*** Given data ***
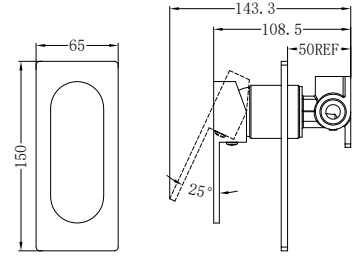

NR301311CH

Ecco Shower Mixer Chrome

Colours Available :
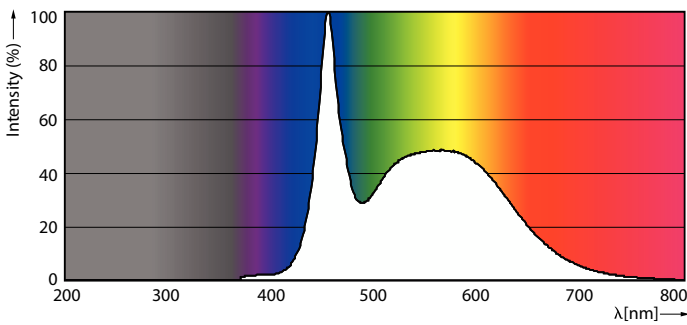

Photometric data

Spectral Power Distribution Colour - Essential LED 12-100W PAR30s 865 25D KR
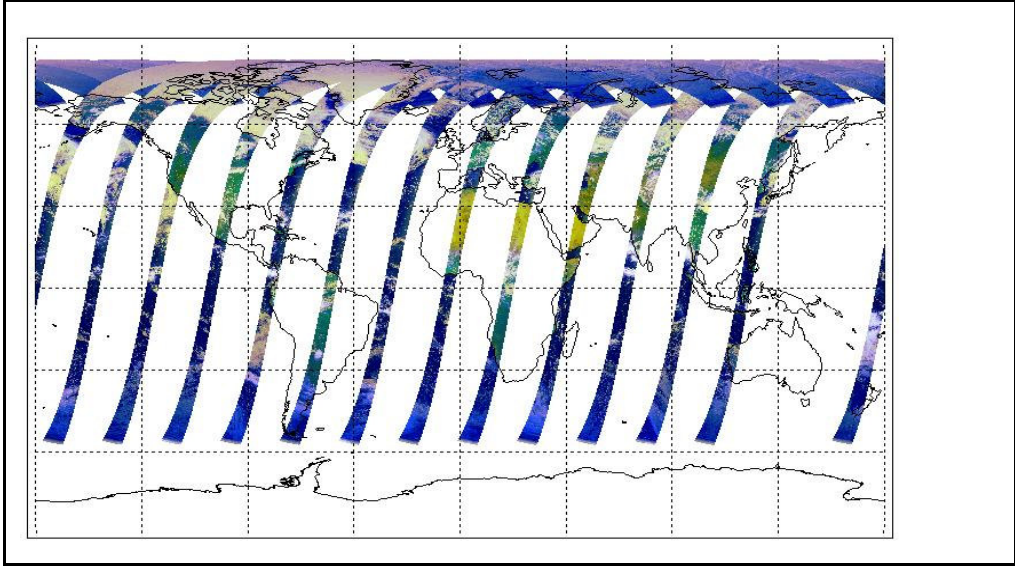

Weekly

Latest version of the weekly RAL report on: **26-May-09**

Out of date by: **15 days**

FLAG

Report Date 11-May-09

Anomalies Mean Jitter: -1060/orbit - worst case -1300/orbit (little change wrt last week)

Browse Map

Map of browse products for: **22-May-09**
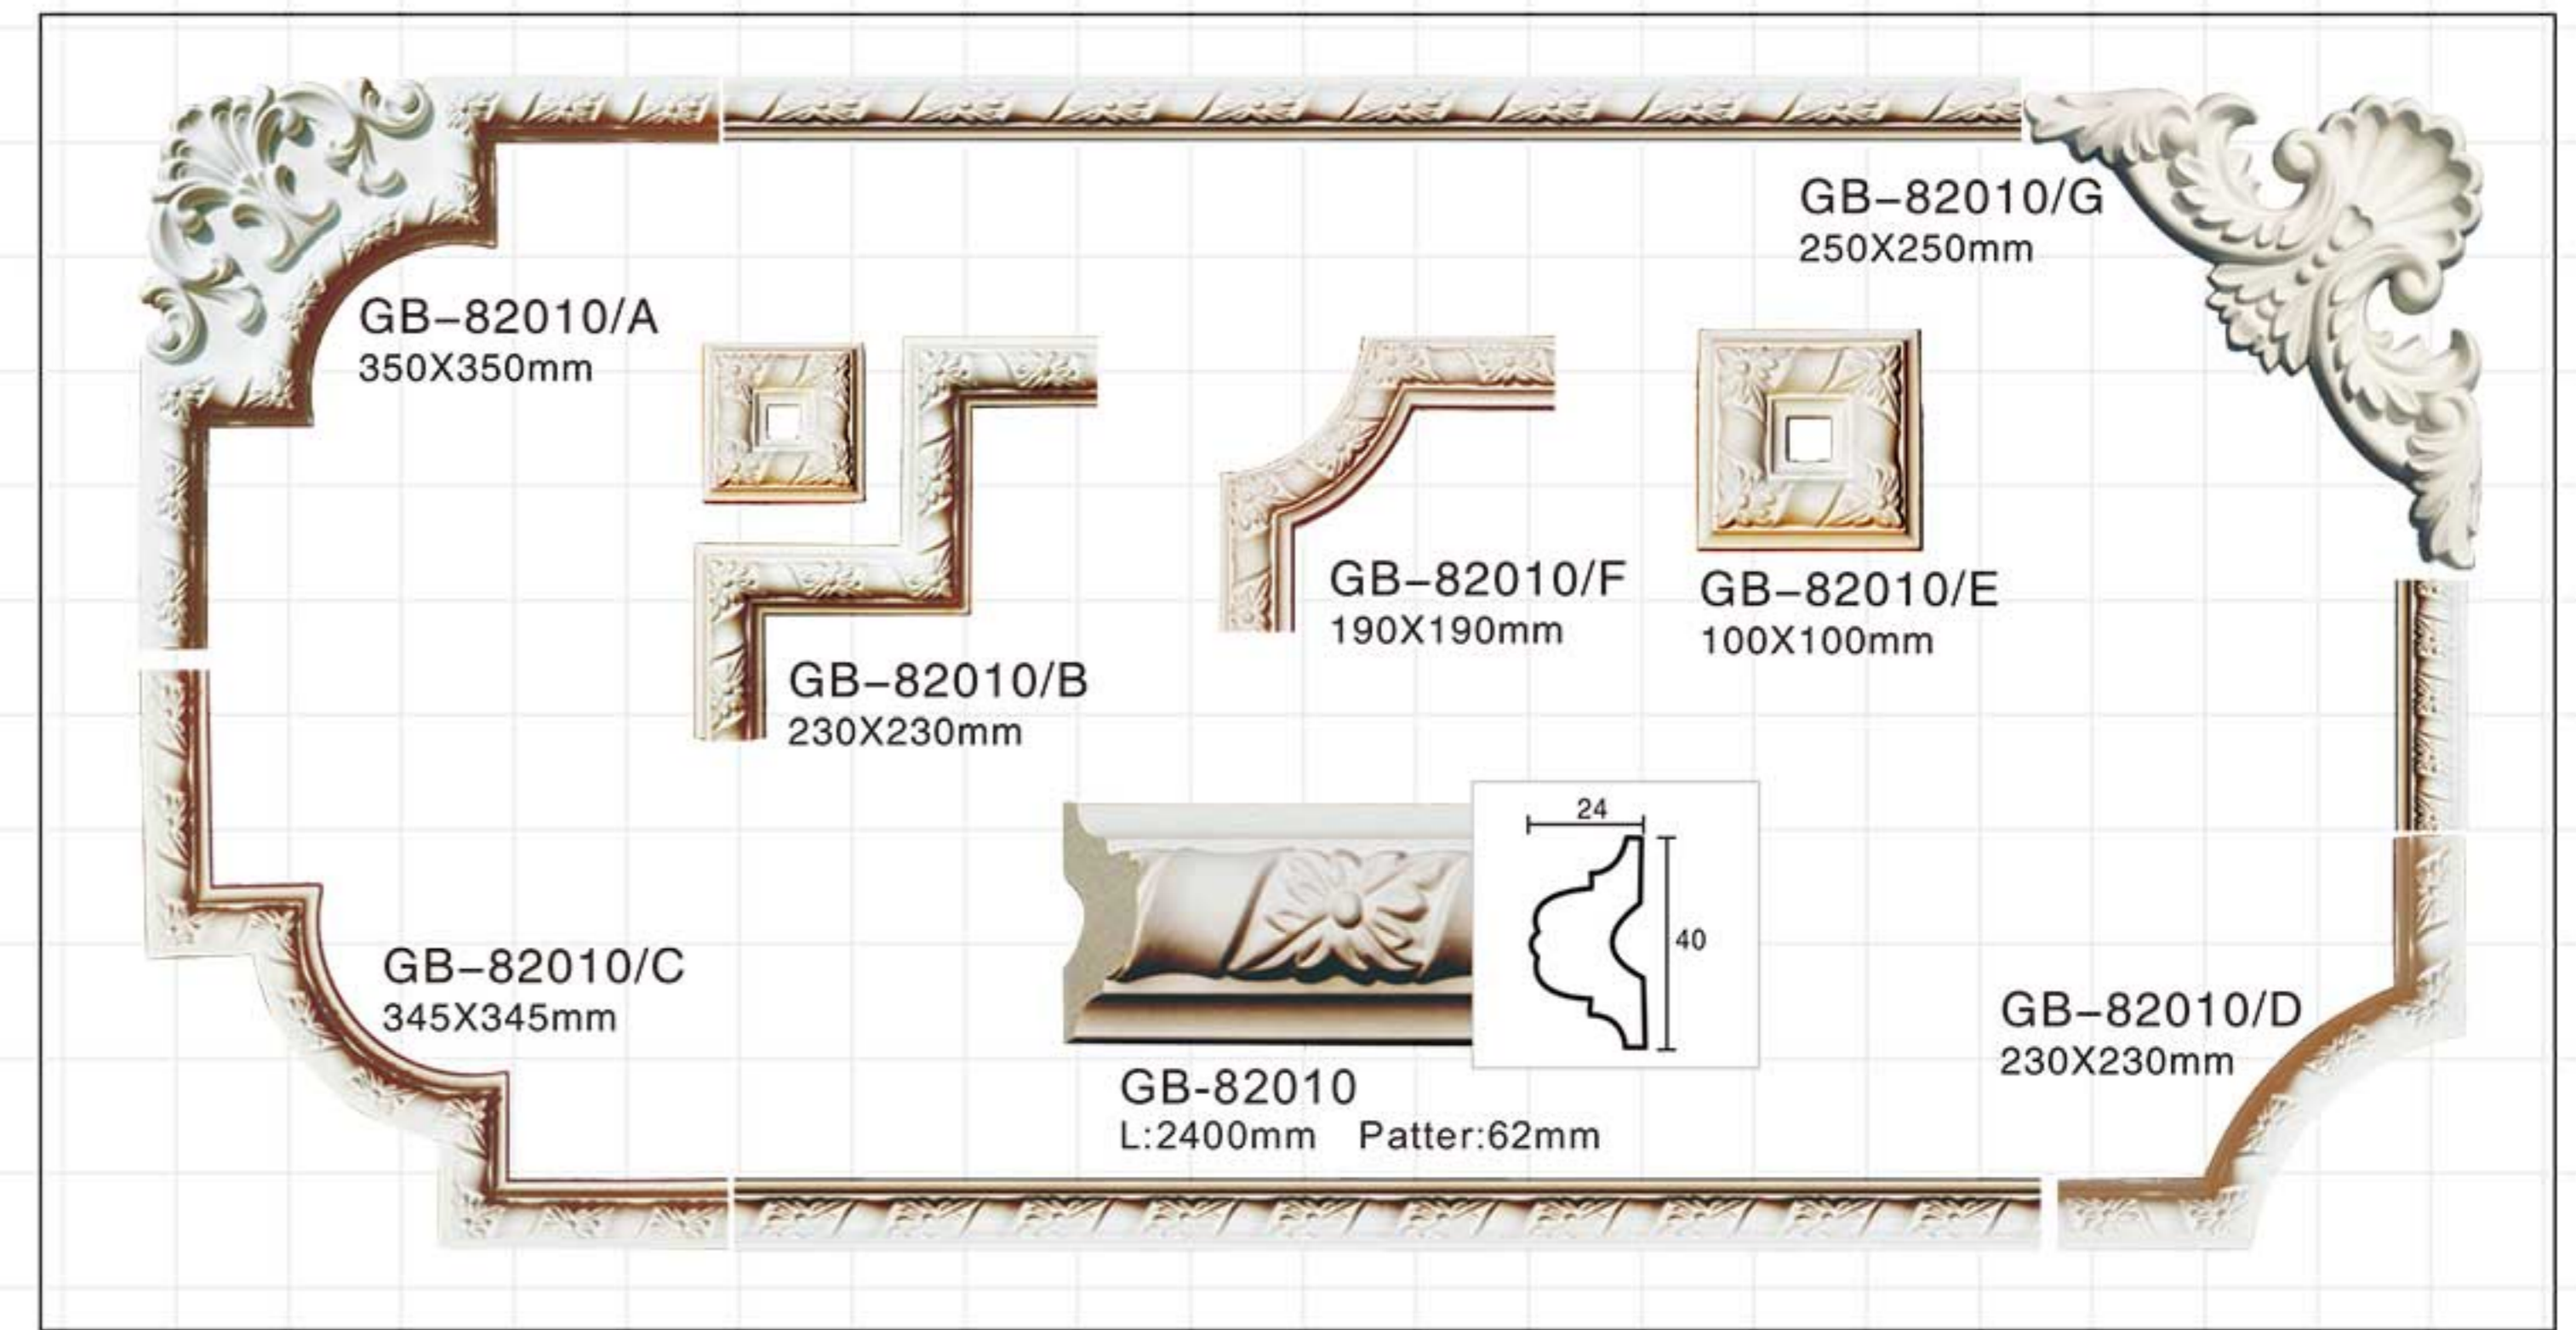

Carving panel mouldings-Corners
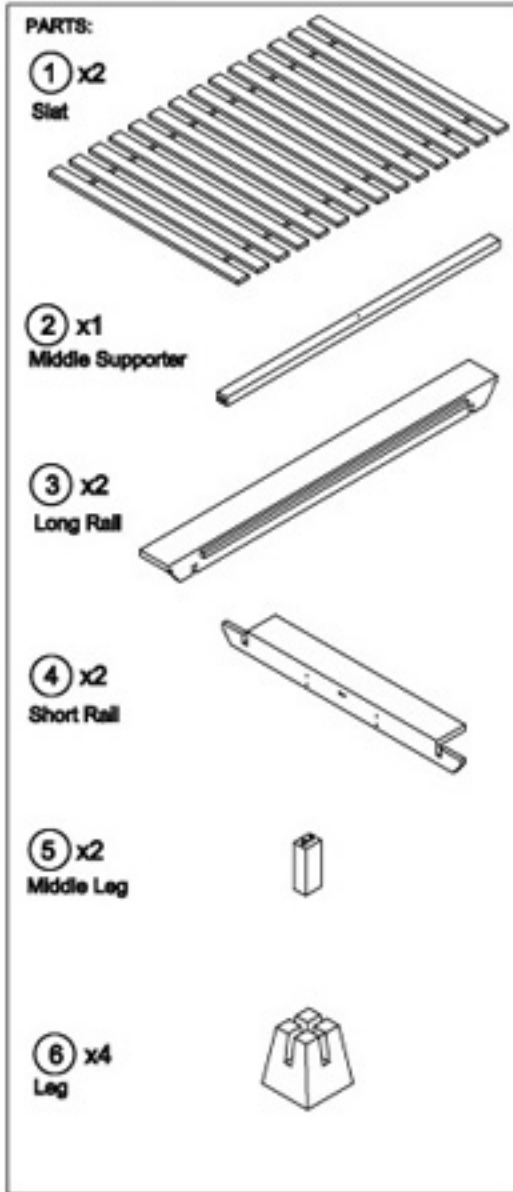

TAKUMA PLATFORM BED

ASSEMBLY INSTRUCTIONS

Haiku Designs

2905A Center Green Ct., Boulder CO
Mon - Fri 9:30am - 5:00pm, Weekends by appt.

303.604.1412
www.haikudesigns.com

TAKUMA PLATFORM BED

Haiku Designs

2905A Center Green Ct. , Boulder CO
Mon - Fri 9:30am - 5:00pm, Weekends by appt.
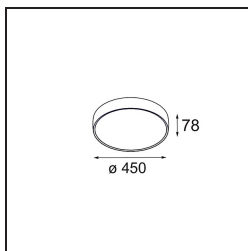

Date
Customer
Project
Type

Flat Moon Suspended 450 1x LED 3000K 1-10V/Push-Dim DI White Structure

Specifications

Material	13300109
Light Source Type	LED
LED Type	FLAT MOON LED
LED technology	LED PCB
CRI	Min. 90
Colour Temperature	3000K
Lifetime	L80B20 @50,000 Hours
Lamp Included	Yes
Number of Light Sources	1
CIE flux code	46 77 95 100 79
Binning (SDCM)	3
Light Direction	Down
Input Voltage	230V
Luminaire power (W)	29.4
Electrical Class	I
IP Rating	20
Glow wire rating (°C)	650
Dimming Protocol	1-10V, Push-Dim
Indoor/Outdoor	Indoor
Application	Ceiling
Mounting	Suspended
Adjustability	Not Applicable
Distance to Lighted Object (m)	0,1
Primary Colour & Primary Finish	White, Structure
Gross weight (g)	5330.0
Luminous flux per lamp (lm)	2545
Efficacy (lm/W)	87
Glare rating	23
Remark	<ul style="list-style-type: none"> • Suspension kit not included • Suspension kit not included • This is not a complete product. Suspension kit required.
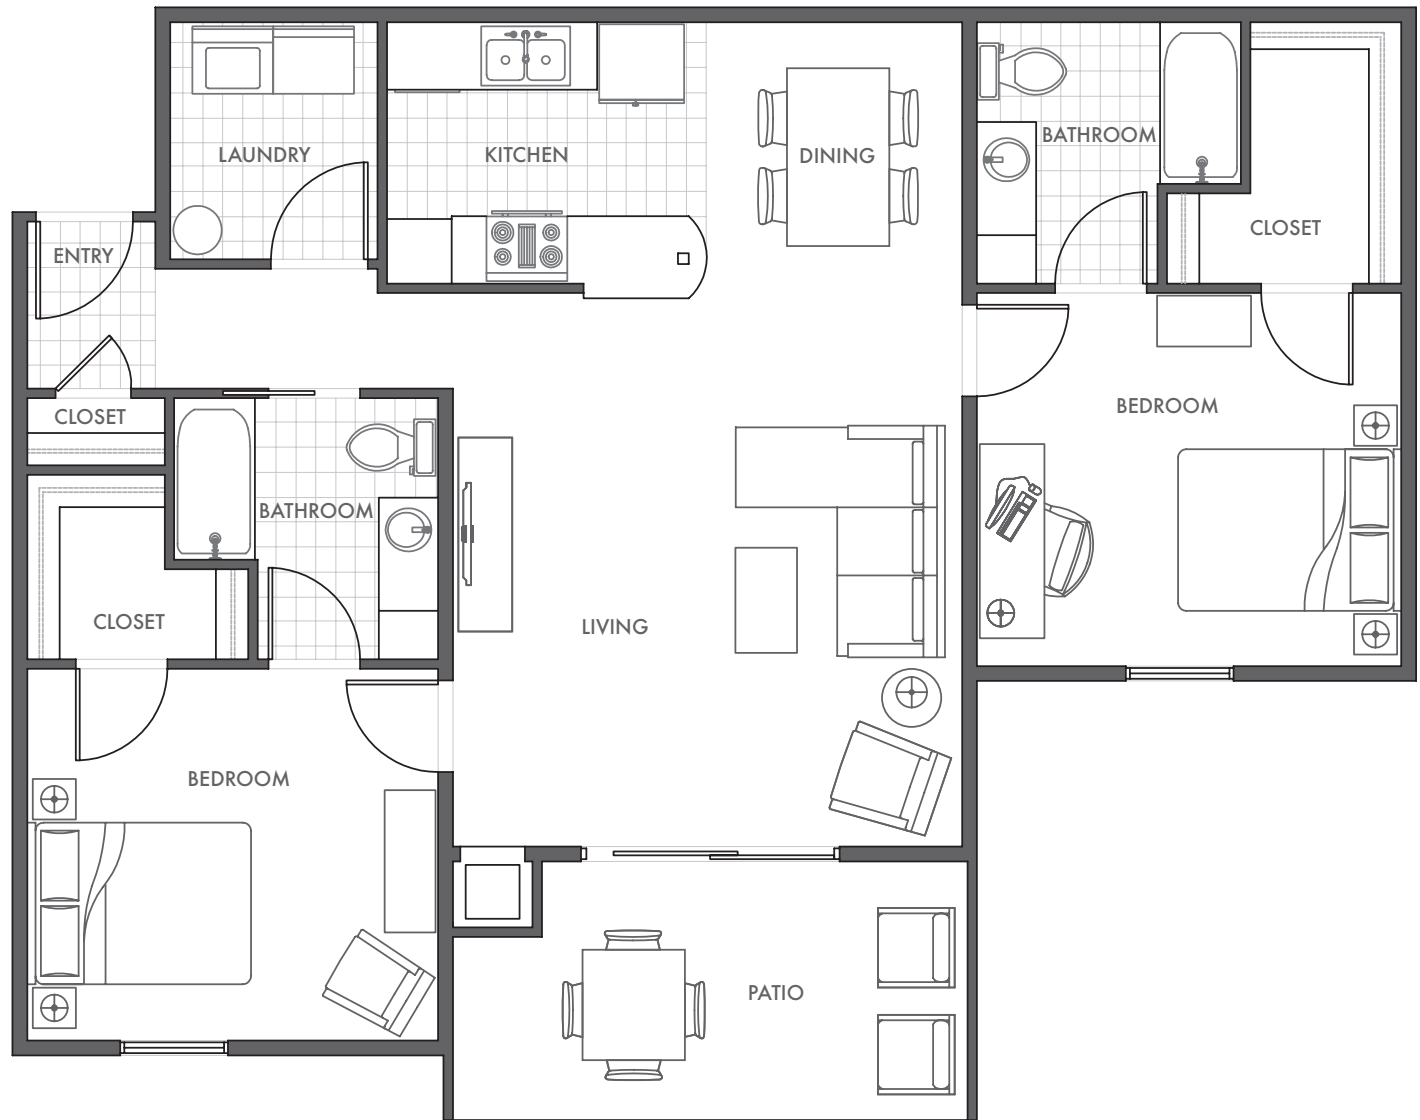

SAGE FLOOR PLAN

UNIT 303

11001 Preston Gardens Court
Floor 1

2 Bed / 2 Bath

1131 SQ. FT.

FEATURES

- Fitness Room
 - Pet Friendly
 - Package Receiving
 - 9Ft Ceilings
 - Detached Garages
 - Roomy Interiors
 - Walk-in Closets
 - Ceiling Fans
 - Balcony/Patio
 - Black appliances
 - Modern finishes
- Wooded View
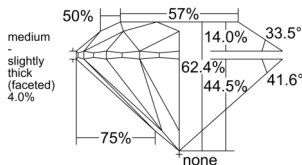

GIA®

FACSIMILE

GIA REPORT 1535951101

Verify this report at GIA.edu

GIA NATURAL DIAMOND DOSSIER®

November 11, 2025
GIA Report Number 1535951101
Shape and Cutting Style ..... Round Brilliant
Measurements ..... 5.66 - 5.70 x 3.55 mm

GRADING RESULTS

Carat Weight ..... 0.70 carat
Color Grade ..... E
Clarity Grade VS2
Cut Grade ..... Excellent

ADDITIONAL GRADING INFORMATION

Polish ..... Excellent
Symmetry ..... Excellent
Fluorescence ..... None
Clarity Characteristics ..... Crystal, Cloud
Inscription(s): GIA 1535951101

PROPORTIONS

Profile to actual proportions

GRADING SCALES

GIA COLOR SCALE	GIA CLARITY SCALE	GIA CUT SCALE	
D	FLAWLESS	EXCELLENT	
E	INTERNALLY FLAWLESS		
F		VVS₁	VERY GOOD
G	VVS₂		
H	VS₁	GOOD	
I	VS₂		
J	SI₁	FAIR	
K	SI₂		
L	I₁	POOR	
M	I₂		
N	I₃		
O			
P			
Q			
R			
S			
T			
U			
V			
W			
X			
Y			
Z
*** End of Given data ***
Repeat the records above exactly, omitting every picture.

NR301311CH

Ecco Shower Mixer Chrome

Colours Available :

Photometric data

Spectral Power Distribution Colour - Essential LED 12-100W PAR30s 865 25D KR

Weekly

Latest version of the weekly RAL report on: **26-May-09**

Out of date by: **15 days**

FLAG

Report Date 11-May-09

Anomalies Mean Jitter: -1060/orbit - worst case -1300/orbit (little change wrt last week)

Browse Map

Map of browse products for: **22-May-09**

Carving panel mouldings-Corners

TAKUMA PLATFORM BED

ASSEMBLY INSTRUCTIONS

Haiku Designs

2905A Center Green Ct., Boulder CO
Mon - Fri 9:30am - 5:00pm, Weekends by appt.

303.604.1412
www.haikudesigns.com

TAKUMA PLATFORM BED

Haiku Designs

2905A Center Green Ct. , Boulder CO
Mon - Fri 9:30am - 5:00pm, Weekends by appt.

Date
Customer
Project
Type

Flat Moon Suspended 450 1x LED 3000K 1-10V/Push-Dim DI White Structure

Specifications

Material	13300109
Light Source Type	LED
LED Type	FLAT MOON LED
LED technology	LED PCB
CRI	Min. 90
Colour Temperature	3000K
Lifetime	L80B20 @50,000 Hours
Lamp Included	Yes
Number of Light Sources	1
CIE flux code	46 77 95 100 79
Binning (SDCM)	3
Light Direction	Down
Input Voltage	230V
Luminaire power (W)	29.4
Electrical Class	I
IP Rating	20
Glow wire rating (°C)	650
Dimming Protocol	1-10V, Push-Dim
Indoor/Outdoor	Indoor
Application	Ceiling
Mounting	Suspended
Adjustability	Not Applicable
Distance to Lighted Object (m)	0,1
Primary Colour & Primary Finish	White, Structure
Gross weight (g)	5330.0
Luminous flux per lamp (lm)	2545
Efficacy (lm/W)	87
Glare rating	23
Remark	<ul style="list-style-type: none"> • Suspension kit not included • Suspension kit not included • This is not a complete product. Suspension kit required.

SAGE FLOOR PLAN

UNIT 303

11001 Preston Gardens Court
Floor 1

2 Bed / 2 Bath

1131 SQ. FT.

FEATURES

- Fitness Room
 - Pet Friendly
 - Package Receiving
 - 9Ft Ceilings
 - Detached Garages
 - Roomy Interiors
 - Walk-in Closets
 - Ceiling Fans
 - Balcony/Patio
 - Black appliances
 - Modern finishes
- Wooded View

GIA®

FACSIMILE

GIA REPORT 1535951101

Verify this report at GIA.edu

GIA NATURAL DIAMOND DOSSIER®

November 11, 2025
GIA Report Number 1535951101
Shape and Cutting Style ..... Round Brilliant
Measurements ..... 5.66 - 5.70 x 3.55 mm

GRADING RESULTS

Carat Weight ..... 0.70 carat
Color Grade ..... E
Clarity Grade VS2
Cut Grade ..... Excellent

ADDITIONAL GRADING INFORMATION

Polish ..... Excellent
Symmetry ..... Excellent
Fluorescence ..... None
Clarity Characteristics ..... Crystal, Cloud
Inscription(s): GIA 1535951101

PROPORTIONS

Profile to actual proportions

GRADING SCALES

GIA COLOR SCALE	GIA CLARITY SCALE	GIA CUT SCALE	
D	FLAWLESS	EXCELLENT	
E	INTERNALLY FLAWLESS		
F		VVS₁	VERY GOOD
G	VVS₂		
H	VS₁	GOOD	
I	VS₂		
J	SI₁	FAIR	
K	SI₂		
L	I₁	POOR	
M	I₂		
N	I₃		
O			
P			
Q			
R			
S			
T			
U			
V			
W			
X			
Y			
Z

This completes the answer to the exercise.